Пришел вскоре, легок на помине, и сам Дремлюга, обстоятельно доложил об аресте Мони Мессершмидта и прочем.
– Продолжайте энергичнее! – велел Мышецкий.
– Далее продолжать – до Совета добраться, – сказал жандарм. – Вы это имели в виду, князь?
– Я вам русским языком сказал: продолжайте и дальше…
От прямого же ответа князь увильнул. Алябьев попросил навестить его, и губернатор встретился с полковником.
– Мыло солдаты получили? – спросил Мышецкий.
– Да.
– Скажите: куда могло деться оружие из казарм?
– Естественно, князь, оно в надежном месте. Разложение войска закончилось и дало теперь обратную реакцию.
– Сомневаюсь, – возразил Мышецкий.
Алябьев театральным жестом прижал руку к сердцу.
– Русский человек – сказал он где-то вычитанное им, – да, он анархичен по натуре, но чувство долга у него развито не меньше, чем в душе германца…
Это сравнение показалось смешным: от Стеньки Разина («Сарынь на кичку!») до Теодора Шимана («Хох, кайзер!..»).
– Полагаюсь на вашу ответственность, – сказал Сергей Яковлевич. – Мое же отношение к происходящему в России лишь как к грандиозной репетиции! Когда люди еще не играют всерьез, а лишь прикидывают свои силы. Исходя из этого, я считаю, что восстание в Москве – абсурд. Как можно взяться за оружие на грани падения революции? Это – безумие…
Алябьев вдруг глянул на двери – с опаской, заговорил:
– Князь, даю вам слово честного человека – я никому не скажу. Все глубоко между нами, но ответьте: вы… меньшевик?
Сергея Яковлевича покоробило:
– С чего вы это взяли, полковник?
– Но так, как говорите вы, князь, говорят и меньшевики.
Мышецкий отвечал обстоятельно, задетый за живое:
– Ни меньше, ни больше не стал я любить Россию и народ за эти дни, для меня тяжелые. Но ваши предположения, полковник, могу счесть оскорбительными для своей чести… Я не виноват, что мои мысли (а я много размышляю) нечаянно соприкоснулись с высказыванием какого-то меньшевика. Но это – мои мысли! Русский народ очень сложен, очень многогранен: анархия души и чувство долга – это не суть главные качества нашей нации. О русском человеке думают и говорят много. Даже слишком много! Ах, какой он удивительный, и прочее… Но, признавая всю его сложность, продолжают относиться к нему, как к скоту, как к двуногим! Срам!

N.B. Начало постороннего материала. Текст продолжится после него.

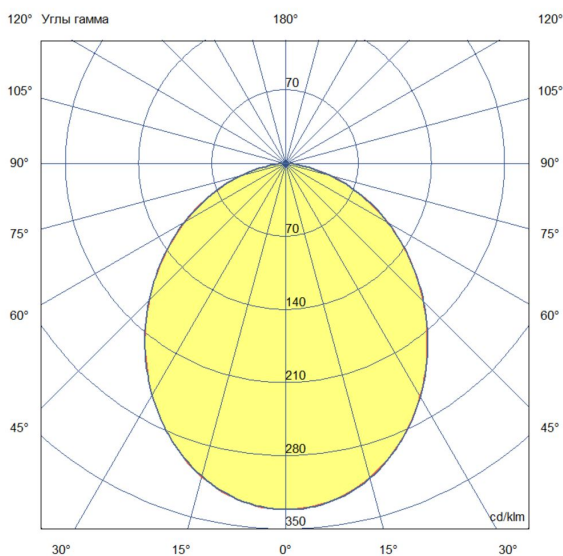

2. КСС и Габаритный чертеж

Кривая силы света

Габаритный чертеж

3. Основные технические данные и характеристики

Характеристики	Значение
Мощность, [Вт ±10%]:	13,5
Световой поток светильника, [лм ±5%]:	1 470
Номинальная коррелированная цветовая температура по ГОСТ 34819-2021, [К]:	5 000
Тип кривой силы света:	косинусная
Тип рассеивателя:	опал
Угол излучения, [°]:	100
Индекс цветопередачи (CRI), не менее:	80
Род тока:	АС
Коэффициент пульсации (Кп), не более, [%]:	1
Напряжение питания, [В]:	~176-264
Частота напряжения электропитания, [Гц ±10%]:	50
Коэффициент мощности (P _f), не менее:	0,95
Класс защиты от поражения электрическим током (по ГОСТ IEC 60598-1-2017):	II
Рекомендуемая высота установки, [м]:	2-6
Степень защиты от пыли и влаги (по ГОСТ IEC 60598-1-2017):	IP40
Климатическое исполнение (по ГОСТ 15150-69):	УХЛ4
Температура эксплуатации, [°С]:	от -40 до +40
Срок службы светильника, не менее, [лет]:	12
Срок службы светодиодов, не менее, [ч]:	100 000
Гарантийный срок на светильник, [мес.]:	60
Материал корпуса:	пластик
Материал рассеивателя:	УФ-стабилизированный поликарбонат
Цвет покраски:	-
Габаритные размеры, не более, [мм]:	117×90×58 (один модуль)
Тип крепления:	встраиваемый
Масса, [кг]:	0,3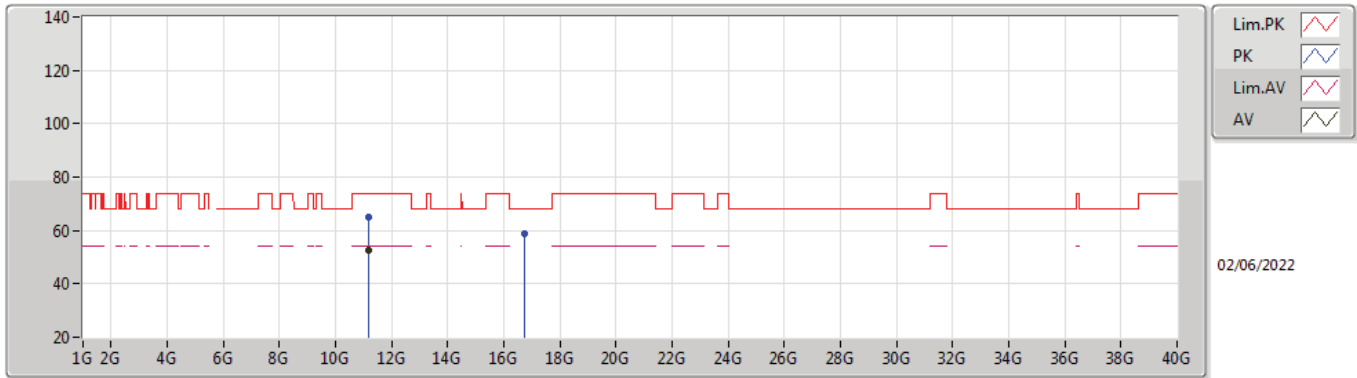

**802.11ax HEW20_Nss1,(MCS0)_4TX
5580MHz_TX**

Type	Freq (Hz)	Level (dBuV/m)	Limit (dBuV/m)	Margin (dB)	Factor (dB)	Dist (m)	Condition	Azimuth (°)	Height (m)	Comment	Raw (dBuV)	AF (dB)	CL (dB)	PA (dB)
AV	11.15892G	52.53	54.00	-1.47	14.62	3	Vertical	320	1.95	-	37.91	39.02	9.79	34.19
PK	11.15932G	65.08	74.00	-8.92	14.62	3	Vertical	320	1.95	-	50.46	39.02	9.79	34.19
PK	16.73932G	58.89	68.20	-9.31	16.56	3	Vertical	0	2.53	-	42.33	38.72	12.13	34.29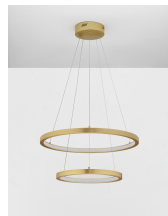

EMPATIA

/DEKORATIV/Hängeleuchten/Hängeleuchten

Produktdatenblatt

- Leuchtmittel: LED 60 Watt
- IP:20
- Lichtfarbe:3000k 1755lm
- Material: ALUMINIUM & ACRYLIC
- Farbe: BRASS GOLD
- Maße: Ø=60cm H:120cm
- BULB: INCLUDED

9172866_2

9172866_3

9172866_4

Dieses Produkt gibt es in folgenden Ausführungen:

Best.-Nr.	Leuchtmittel	Detailinfos
28-9172866	EMPATIA LED 60 Watt Lichtfarbe: 3000K,	BRASS GOLD, ALUMINIUM & ACRYLIC, Maße: Ø=60cm H:120cm IP20,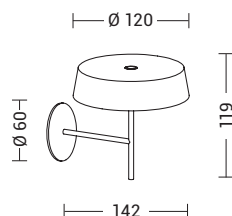

■ **USB-C (5V - 1A)** LED CRI≥85 ☞ Ⓛ Ⓜ IP54

Codice Code	CCT	Flusso lm Flux lm	Potenza Wattage	Ricarica Recharge	Durata Life	Dimensioni mm Dimensions mm
INE001XX	2700K	200	2,2W	5-7 h	12h	Ø120 x 295

■ **USB-C (5V - 1A)** LED CRI≥85 ☞ Ⓛ Ⓜ IP54

Codice Code	CCT	Flusso lm Flux lm	Potenza Wattage	Ricarica Recharge	Durata Life	Dimensioni mm Dimensions mm
<i>new</i> INE004XX	2700K	200	2,2W	5-7 h	12h	Ø120 x 100

INEMURI

Restyle

USB-C (5V - 1A)
LED
CRI≥85
IP54

Codice Code	CCT	Flusso lm Flux lm	Potenza Wattage	Ricarica Recharge	Durata Life	Dimensioni mm Dimensions mm
INE003XX	2700K	200	2,2W	5-7 h	12h	205 x 185

USB-C (5V - 1A)
LED
CRI≥85
IP54

Codice Code	CCT	Flusso lm Flux lm	Potenza Wattage	Ricarica Recharge	Durata Life	Dimensioni mm Dimensions mm
INE002XX	2700K	200	2,2W	5-7 h	12h	120 x 119 x 142

135 x 60 x 35

Finiture Finishes

B

AN

per tutti i codici
for all codes

CI

NCS 2010-Y70R

BLU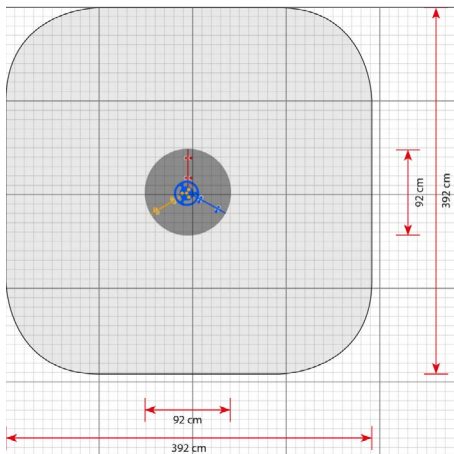

Productblad

Jupiter

450

Productomschrijving

Het assortiment wippen is er in verschillende vormen en uitvoeringen, bijvoorbeeld dieren. Ze bieden plaats aan 2-4 kinderen. Ze hebben allemaal gemeen dat ze van de kinderen eisen dat ze meewerken om de wip op gang te krijgen.

Opties

Jupiter 450

plattegrond

Toestelspecificaties

Afmetingen toestel	0,9 x 0,9 m
Obstakelvrije zone	15,4 m ²
Totaal hoogte	1,5 m
Valhoogte	0,5 m

zijaanzicht

Materialen

Constructie	Kunststof
-------------	-----------

Далее они говорили о казарменных делах. «Армия – это лучший сын народа, – убеждал его Алябьев, – и он, этот сын, должен храниться в запечатанном сосуде: любое покушение на вскрытие сосуда надобно расценивать как подлое святотатство…»
– Я справлюсь, – говорил полковник, – только прошу вас, Сергей Яковлевич, поручить это мне. Офицерский корпус достаточно авторитетен, чтобы самолично рассудить и покарать.

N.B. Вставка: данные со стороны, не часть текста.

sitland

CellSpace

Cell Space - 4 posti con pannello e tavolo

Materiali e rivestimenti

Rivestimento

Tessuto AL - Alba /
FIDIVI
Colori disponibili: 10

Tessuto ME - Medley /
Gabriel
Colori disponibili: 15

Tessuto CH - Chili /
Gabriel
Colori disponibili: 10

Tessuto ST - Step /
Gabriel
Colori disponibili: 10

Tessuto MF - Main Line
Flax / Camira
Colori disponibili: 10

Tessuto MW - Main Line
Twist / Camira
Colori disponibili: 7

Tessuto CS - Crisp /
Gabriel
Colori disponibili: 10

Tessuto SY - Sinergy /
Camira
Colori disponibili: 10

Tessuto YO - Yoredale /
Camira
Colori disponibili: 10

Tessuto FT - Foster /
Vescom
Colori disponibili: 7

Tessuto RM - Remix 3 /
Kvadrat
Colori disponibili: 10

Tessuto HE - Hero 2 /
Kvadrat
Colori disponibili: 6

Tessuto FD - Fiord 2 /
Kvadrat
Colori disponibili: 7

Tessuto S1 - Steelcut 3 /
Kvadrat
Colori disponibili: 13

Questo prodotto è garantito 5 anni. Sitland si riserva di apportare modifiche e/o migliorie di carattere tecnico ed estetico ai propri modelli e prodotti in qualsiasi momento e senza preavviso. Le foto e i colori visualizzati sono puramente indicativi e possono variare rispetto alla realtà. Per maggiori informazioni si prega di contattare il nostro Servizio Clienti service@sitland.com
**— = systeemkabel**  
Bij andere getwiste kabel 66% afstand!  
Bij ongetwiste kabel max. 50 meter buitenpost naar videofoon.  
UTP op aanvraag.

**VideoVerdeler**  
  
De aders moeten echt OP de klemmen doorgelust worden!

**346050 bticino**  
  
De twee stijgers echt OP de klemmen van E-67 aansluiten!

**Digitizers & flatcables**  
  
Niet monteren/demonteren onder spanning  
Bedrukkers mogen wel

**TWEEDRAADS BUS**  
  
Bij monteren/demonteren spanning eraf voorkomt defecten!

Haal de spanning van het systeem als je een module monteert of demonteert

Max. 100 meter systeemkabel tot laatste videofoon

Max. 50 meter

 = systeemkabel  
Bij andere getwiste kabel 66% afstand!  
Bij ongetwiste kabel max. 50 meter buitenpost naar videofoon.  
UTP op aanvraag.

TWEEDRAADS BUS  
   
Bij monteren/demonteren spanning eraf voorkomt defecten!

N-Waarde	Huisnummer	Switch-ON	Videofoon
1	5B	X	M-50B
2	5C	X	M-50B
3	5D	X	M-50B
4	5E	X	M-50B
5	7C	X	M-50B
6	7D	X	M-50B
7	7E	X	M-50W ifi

Мышецкий отбоярился от казарменных дел:
– Бог с ними, мне и своих хватает…
Телеграф принес известие о конце московского восстания. Казалось, что Алябьев где-то прав, – Совет московских рабочих депутатов вынес резолюцию: «Голод вступил в свои права, и мы прекращаем стачку с понедельника. Становитесь на работу, товарищи!»
Началось то страшное и дикое, чего Сергей Яковлевич не понимал и не признавал. Приказ «арестованных не иметь» вызывал в нем внутреннее содрогание, словно прикосновение к разящей падали. Но петля, завязанная еще в Курляндии, уже перехлестнула шею Москвы, по России носились грохочущие поезда карателей, и стоны глушились ласковым звоном бокалов с шампанским.
Не обошлось, конечно, и без тостов, – Гучков, хорошо памятный Мышецкому по «волне банкетов», теперь чокался в Москве с адмиралом Дубасовым.
«В нашем содействии вам, – заявил Гучков, – вы, адмирал, можете не сомневаться. Любой из нас готов положить на борьбу со смутой все свое разумение и все свои силы. Да поможет нам бог!..»
И это говорил человек, которого Сергей Яковлевич чтил как передового борца за свободу народа… Дальше ехать было некуда: поворот был завершен. И теперь сразу стали понятны сомнения Саны, пришедшей к нему. Князь осознал и всю острую суть намеков своей сестры. Все ждали от него…
«Чего? Поворота?»
3– Савва Кириллович, – сказал Мышецкий печально, – я много думал эти дни. Взвешивал, прикидывал… Ждать больше нечего. Вывод таков: уйдите, если можете. Скройтесь, пока не поздно! Я сейчас говорю вам это как Сергей Яковлевич, ваш коллега, но придут войска, зачитают конфирмацию, и мне придется говорить тогда с вами как представителю власти, от которой, вы сами знаете, ни мне, ни вам не уйти… Будьте же разумны!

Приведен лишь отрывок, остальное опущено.